Work required: Give back exactly the lines of the material below, starting with the line with "- Y** 3-Way Switch (Low Voltage)" and going on through the line with "Distributed by".

Input:

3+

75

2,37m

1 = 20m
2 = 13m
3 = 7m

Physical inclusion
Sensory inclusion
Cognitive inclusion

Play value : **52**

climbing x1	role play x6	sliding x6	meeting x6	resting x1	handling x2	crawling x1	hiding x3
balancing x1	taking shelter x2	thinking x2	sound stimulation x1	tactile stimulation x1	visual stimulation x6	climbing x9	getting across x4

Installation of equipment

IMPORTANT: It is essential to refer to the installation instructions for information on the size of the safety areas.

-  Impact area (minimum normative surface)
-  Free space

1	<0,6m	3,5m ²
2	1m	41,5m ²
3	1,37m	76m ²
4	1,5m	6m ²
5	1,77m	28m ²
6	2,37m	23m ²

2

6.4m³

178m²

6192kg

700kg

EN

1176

==

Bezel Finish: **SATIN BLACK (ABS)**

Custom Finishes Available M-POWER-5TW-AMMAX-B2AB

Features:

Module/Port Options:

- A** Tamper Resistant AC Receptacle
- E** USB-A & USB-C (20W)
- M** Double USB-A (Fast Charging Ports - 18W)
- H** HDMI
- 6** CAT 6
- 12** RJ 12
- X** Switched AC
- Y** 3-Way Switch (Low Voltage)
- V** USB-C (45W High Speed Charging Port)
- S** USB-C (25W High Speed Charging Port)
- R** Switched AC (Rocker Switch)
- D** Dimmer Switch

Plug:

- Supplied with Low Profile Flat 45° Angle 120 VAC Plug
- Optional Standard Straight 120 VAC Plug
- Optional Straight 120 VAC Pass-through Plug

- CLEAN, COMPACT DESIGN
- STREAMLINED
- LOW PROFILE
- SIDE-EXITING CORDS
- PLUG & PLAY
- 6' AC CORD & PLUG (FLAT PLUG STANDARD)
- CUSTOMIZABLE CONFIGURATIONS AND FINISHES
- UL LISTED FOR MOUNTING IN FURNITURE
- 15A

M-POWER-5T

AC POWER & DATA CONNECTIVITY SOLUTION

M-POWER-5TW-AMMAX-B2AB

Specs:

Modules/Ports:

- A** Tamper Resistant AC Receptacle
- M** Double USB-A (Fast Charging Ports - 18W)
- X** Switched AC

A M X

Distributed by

Answer to this exercise:
- Y** 3-Way Switch (Low Voltage)
- V** USB-C (45W High Speed Charging Port)
- S** USB-C (25W High Speed Charging Port)
- R** Switched AC (Rocker Switch)
- D** Dimmer Switch

Plug:

- Supplied with Low Profile Flat 45° Angle 120 VAC Plug
- Optional Standard Straight 120 VAC Plug
- Optional Straight 120 VAC Pass-through Plug

- CLEAN, COMPACT DESIGN
- STREAMLINED
- LOW PROFILE
- SIDE-EXITING CORDS
- PLUG & PLAY
- 6' AC CORD & PLUG (FLAT PLUG STANDARD)
- CUSTOMIZABLE CONFIGURATIONS AND FINISHES
- UL LISTED FOR MOUNTING IN FURNITURE
- 15A

M-POWER-5T

AC POWER & DATA CONNECTIVITY SOLUTION

M-POWER-5TW-AMMAX-B2AB

Specs:

Modules/Ports:

- A** Tamper Resistant AC Receptacle
- M** Double USB-A (Fast Charging Ports - 18W)
- X** Switched AC

A M X

Distributed by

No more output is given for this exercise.